■ Problem to solve
Wherever a picture appears, leave it out, and transcribe the rest of the records exactly.

■ Data extracts
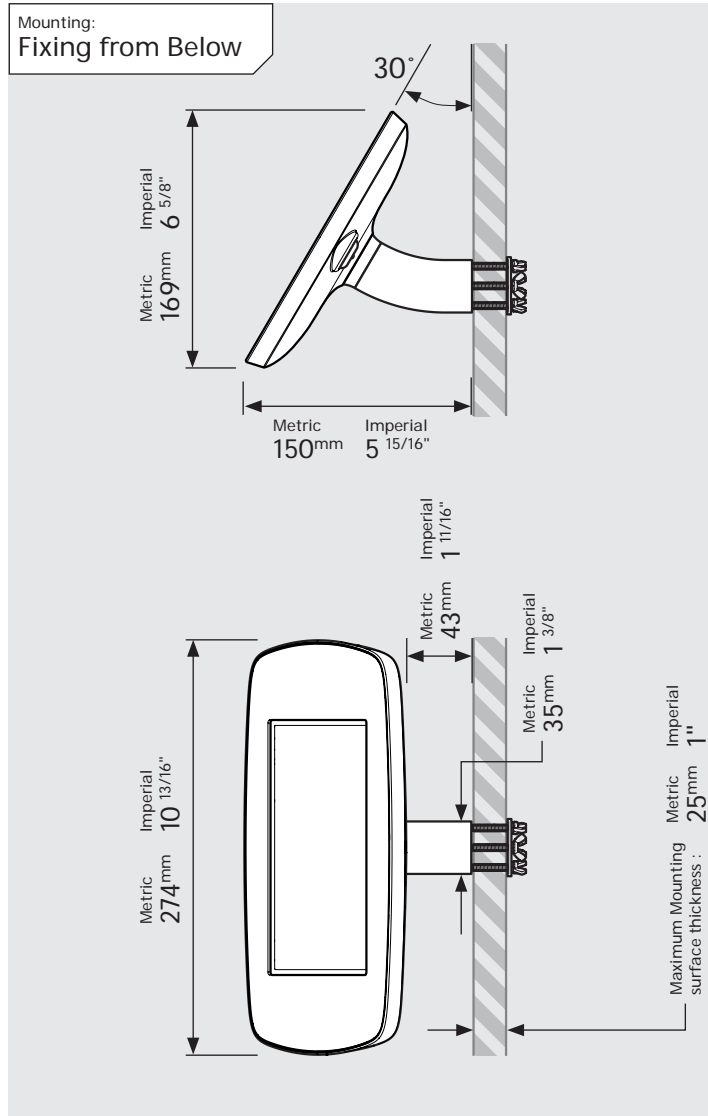

- iPad Pro 12.9" 1st Gen
- iPad Pro 12.9" 2nd Gen
- iPad Pro 12.9" 3rd Gen
- Microsoft Surface Pro 4
- Microsoft Surface Pro 5

PRODUCT DATA SHEET - BOUNCEPAD WALLMOUNT

Case:	Arm:	Mounting:	Packaged weight:	Colour:
Mini	Wallmount	Fixing from Below	1.66kg	White Black
		Fixing from Above		

Case:	Arm:	Mounting:	Packaged weight:	Colour:
Maxi	Wallmount	Fixing from Below	2.07kg	White Black
		Fixing from Above		

PRODUCT DATA SHEET - BOUNCEPAD WALLMOUNT

Case: Mega
Arm: Wallmount
Mounting: Fixing from Below
 Fixing from Above
Packaged weight: 2.46kg
Colour: White
 Black
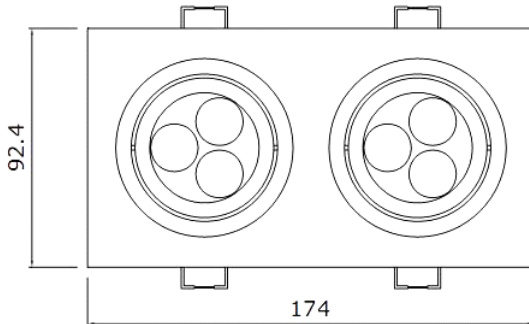

DATA SHEET

Model No. : High Power LED Ceiling Light 6×1W

Description:

- High Power Leds
- 6×1W
- 174.0×92.4×47.6mm

Add: No.5 Seoul Road, Qingdao Free Trade Zone, Shandong, China
Tel: +86-0532-86769291/86760027/86760028
Fax: +86-86760029
Web: <http://www.qdhehui.com/>

Applications

1	General lights
2	Decorative and entertainment illumination
3	Signal and symbol luminaries for orientation marker lights

Dimensions

- Notes: 1. All dimensions unit in mm.
2. The tolerance is $\pm 0.25\text{mm}$ unless otherwise noted.

Typical Performance (Ta =25°C)

Items	Symbol	Min.	Typ.	Max.	Unit
Input Voltage	Vin	85	220	265	V
Viewing Angle	θ	—	15	—	deg
Net Weight	W	—	450	—	g
Estimated Life	Life	—	50000	—	hrs
Body Temperature	T	—		45	°C
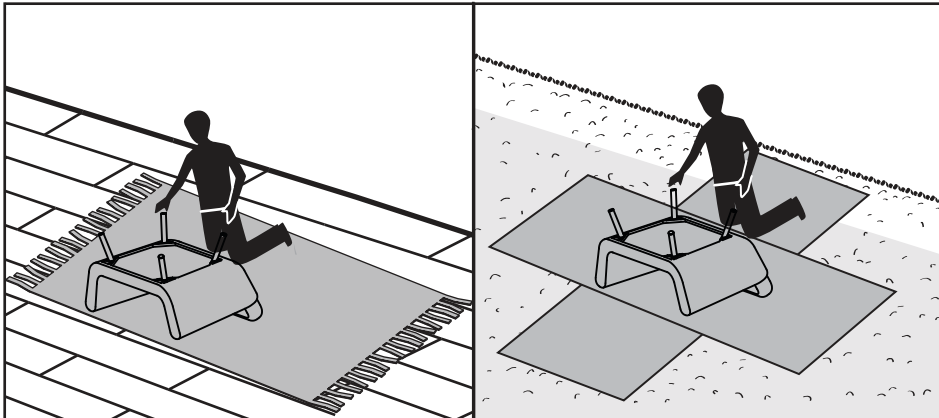

H1 x 12
 (M6 x 20mm)

H2 x 12
 (Ø 14 x 1mm)

H3 x 1
 4#
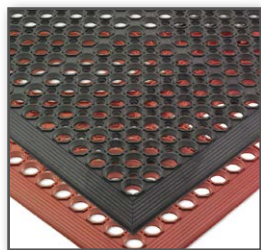

## FLOOR MATTING

- Reduce leg fatigue and increase safety
- Available in light to medium-duty for bar, server stations and kitchen applications

### EZ-Mats LIGHT DUTY

- Provide a safe and comfortable walking and standing area for employees
- Engineered for excellent drainage

ITEM	COLOR	DESCRIPTION	DIMENSIONS
<b>KM1100</b>	Black	Non-Bagged	3'L x 5'W x ½"D (91.4 x 152.4 x 1.3 cm)
<b>KM1100B</b>	Black	Bagged	3'L x 5'W x ½"D (91.4 x 152.4 x 1.3 cm)
<b>KM1200</b>	Red	Non-Bagged	3'L x 5'W x ½"D (91.4 x 152.4 x 1.3 cm)
<b>KM1200B</b>	Red	Bagged	3'L x 5'W x ½"D (91.4 x 152.4 x 1.3 cm)

### Tuf-Mats MEDIUM DUTY

- Designed for maximum support and durability in high traffic areas
- Circular pattern allows for drainage and easy clean-up
- High grade rubber resists wear and provides excellent traction

ITEM	COLOR	DESCRIPTION	DIMENSIONS
<b>KM2100</b>	Black	Non-Bagged	3'L x 5'W x ¾"D (91.4 x 152.4 x 1.9 cm)
<b>KM2100B</b>	Black	Bagged	3'L x 5'W x ¾"D (91.4 x 152.4 x 1.9 cm)
<b>KM2200B</b>	Red	Bagged	3'L x 5'W x ¾"D (91.4 x 152.4 x 1.9 cm)
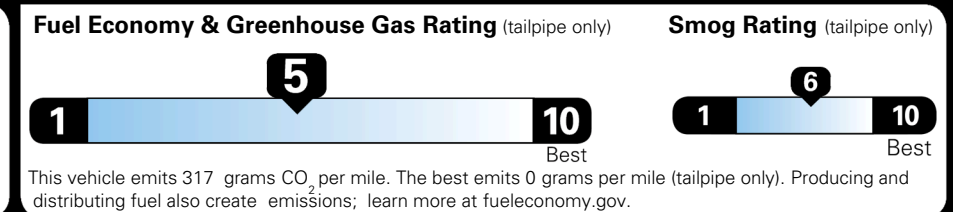

Actual results will vary for many reasons, including driving conditions and how you drive and maintain your vehicle. The average new vehicle gets 29 MPG and costs $8,500 to fuel over 5 years. Cost estimates are based on 15,000 miles per year at $ 3.30 per gallon. MPGe is miles per gasoline gallon equivalent. Vehicle emissions are a significant cause of climate change and smog.

fueleconomy.gov

Calculate personalized estimates and compare vehicles

GOVERNMENT 5-STAR SAFETY RATINGS

Overall Vehicle Score ★★★★★

Based on the combined rating of frontal, side and rollover. Should ONLY be compared to other vehicles of similar size and weight.

Frontal Crash Driver ★★★★★ Passenger ★★★★★

Based on the risk of injury in a frontal impact. Should ONLY be compared to other vehicles of similar size and weight.

Side Crash Front seat ★★★★★ Rear seat ★★★★★

Star ratings based on the risk of injury in a side impact.

Rollover ★★★★★

Star ratings based on the risk of rollover in a single-vehicle crash.

Star ratings range from 1 to 5 stars (★★★★★) with 5 being the highest.

Source: National Highway Traffic Safety Administration (NHTSA).

www.safercar.gov or 1-888-327-4236

Manufacturer's suggested retail price includes Manufacturer's recommended pre-delivery service. License and title fees, state and local taxes and other dealer installed options and accessories are not included in the manufacturer's suggested retail price.

PARTS CONTENT INFORMATION

FOR VEHICLES IN THIS CAR LINE U.S./CANADIAN PARTS CONTENT: 55 %

MAJOR SOURCES OF FOREIGN PARTS: KOREA: 30%

NOTE: PARTS CONTENT DOES NOT INCLUDE FINAL ASSEMBLY, DISTRIBUTION, OR OTHER NON-PARTS COSTS.

FOR THIS VEHICLE FINAL ASSEMBLY POINT: WEST POINT, GA, USA

COUNTRY OF ORIGIN ENGINE (MOTOR): USA

TRANSMISSION: USA

*Additional terms and conditions apply.

**Kia Connect may be currently unavailable for some Model Year 2022 and newer vehicles sold or purchased in Massachusetts; please see owners.kia.com for more information.

NOTE: When you purchase this vehicle, Kia America, Inc. collects personal information you provide to the dealership. For information on our collection and use of personal information and your rights, please see our Privacy Policy on www.kia.com.

■ Answer for the task
- iPad Pro 12.9" 1st Gen
- iPad Pro 12.9" 2nd Gen
- iPad Pro 12.9" 3rd Gen
- Microsoft Surface Pro 4
- Microsoft Surface Pro 5

PRODUCT DATA SHEET - BOUNCEPAD WALLMOUNT

Case:	Arm:	Mounting:	Packaged weight:	Colour:
Mini	Wallmount	Fixing from Below	1.66kg	White Black
		Fixing from Above		

Case:	Arm:	Mounting:	Packaged weight:	Colour:
Maxi	Wallmount	Fixing from Below	2.07kg	White Black
		Fixing from Above		

PRODUCT DATA SHEET - BOUNCEPAD WALLMOUNT

Case: Mega
Arm: Wallmount
Mounting: Fixing from Below
 Fixing from Above
Packaged weight: 2.46kg
Colour: White
 Black

DATA SHEET

Model No. : High Power LED Ceiling Light 6×1W

Description:

- High Power Leds
- 6×1W
- 174.0×92.4×47.6mm

Add: No.5 Seoul Road, Qingdao Free Trade Zone, Shandong, China
Tel: +86-0532-86769291/86760027/86760028
Fax: +86-86760029
Web: <http://www.qdhehui.com/>

Applications

1	General lights
2	Decorative and entertainment illumination
3	Signal and symbol luminaries for orientation marker lights

Dimensions

- Notes: 1. All dimensions unit in mm.
2. The tolerance is $\pm 0.25\text{mm}$ unless otherwise noted.

Typical Performance (Ta =25°C)

Items	Symbol	Min.	Typ.	Max.	Unit
Input Voltage	Vin	85	220	265	V
Viewing Angle	θ	—	15	—	deg
Net Weight	W	—	450	—	g
Estimated Life	Life	—	50000	—	hrs
Body Temperature	T	—		45	°C

H1 x 12
 (M6 x 20mm)

H2 x 12
 (Ø 14 x 1mm)

H3 x 1
 4#

## FLOOR MATTING

- Reduce leg fatigue and increase safety
- Available in light to medium-duty for bar, server stations and kitchen applications

### EZ-Mats LIGHT DUTY

- Provide a safe and comfortable walking and standing area for employees
- Engineered for excellent drainage

ITEM	COLOR	DESCRIPTION	DIMENSIONS
<b>KM1100</b>	Black	Non-Bagged	3'L x 5'W x ½"D (91.4 x 152.4 x 1.3 cm)
<b>KM1100B</b>	Black	Bagged	3'L x 5'W x ½"D (91.4 x 152.4 x 1.3 cm)
<b>KM1200</b>	Red	Non-Bagged	3'L x 5'W x ½"D (91.4 x 152.4 x 1.3 cm)
<b>KM1200B</b>	Red	Bagged	3'L x 5'W x ½"D (91.4 x 152.4 x 1.3 cm)

### Tuf-Mats MEDIUM DUTY

- Designed for maximum support and durability in high traffic areas
- Circular pattern allows for drainage and easy clean-up
- High grade rubber resists wear and provides excellent traction

ITEM	COLOR	DESCRIPTION	DIMENSIONS
<b>KM2100</b>	Black	Non-Bagged	3'L x 5'W x ¾"D (91.4 x 152.4 x 1.9 cm)
<b>KM2100B</b>	Black	Bagged	3'L x 5'W x ¾"D (91.4 x 152.4 x 1.9 cm)
<b>KM2200B</b>	Red	Bagged	3'L x 5'W x ¾"D (91.4 x 152.4 x 1.9 cm)

Actual results will vary for many reasons, including driving conditions and how you drive and maintain your vehicle. The average new vehicle gets 29 MPG and costs $8,500 to fuel over 5 years. Cost estimates are based on 15,000 miles per year at $ 3.30 per gallon. MPGe is miles per gasoline gallon equivalent. Vehicle emissions are a significant cause of climate change and smog.

fueleconomy.gov

Calculate personalized estimates and compare vehicles

GOVERNMENT 5-STAR SAFETY RATINGS

Overall Vehicle Score ★★★★★

Based on the combined rating of frontal, side and rollover. Should ONLY be compared to other vehicles of similar size and weight.

Frontal Crash Driver ★★★★★ Passenger ★★★★★

Based on the risk of injury in a frontal impact. Should ONLY be compared to other vehicles of similar size and weight.

Side Crash Front seat ★★★★★ Rear seat ★★★★★

Star ratings based on the risk of injury in a side impact.

Rollover ★★★★★

Star ratings based on the risk of rollover in a single-vehicle crash.

Star ratings range from 1 to 5 stars (★★★★★) with 5 being the highest.

Source: National Highway Traffic Safety Administration (NHTSA).

www.safercar.gov or 1-888-327-4236

Manufacturer's suggested retail price includes Manufacturer's recommended pre-delivery service. License and title fees, state and local taxes and other dealer installed options and accessories are not included in the manufacturer's suggested retail price.

PARTS CONTENT INFORMATION

FOR VEHICLES IN THIS CAR LINE U.S./CANADIAN PARTS CONTENT: 55 %

MAJOR SOURCES OF FOREIGN PARTS: KOREA: 30%

NOTE: PARTS CONTENT DOES NOT INCLUDE FINAL ASSEMBLY, DISTRIBUTION, OR OTHER NON-PARTS COSTS.

FOR THIS VEHICLE FINAL ASSEMBLY POINT: WEST POINT, GA, USA

COUNTRY OF ORIGIN ENGINE (MOTOR): USA

TRANSMISSION: USA

*Additional terms and conditions apply.

**Kia Connect may be currently unavailable for some Model Year 2022 and newer vehicles sold or purchased in Massachusetts; please see owners.kia.com for more information.

NOTE: When you purchase this vehicle, Kia America, Inc. collects personal information you provide to the dealership. For information on our collection and use of personal information and your rights, please see our Privacy Policy on www.kia.com.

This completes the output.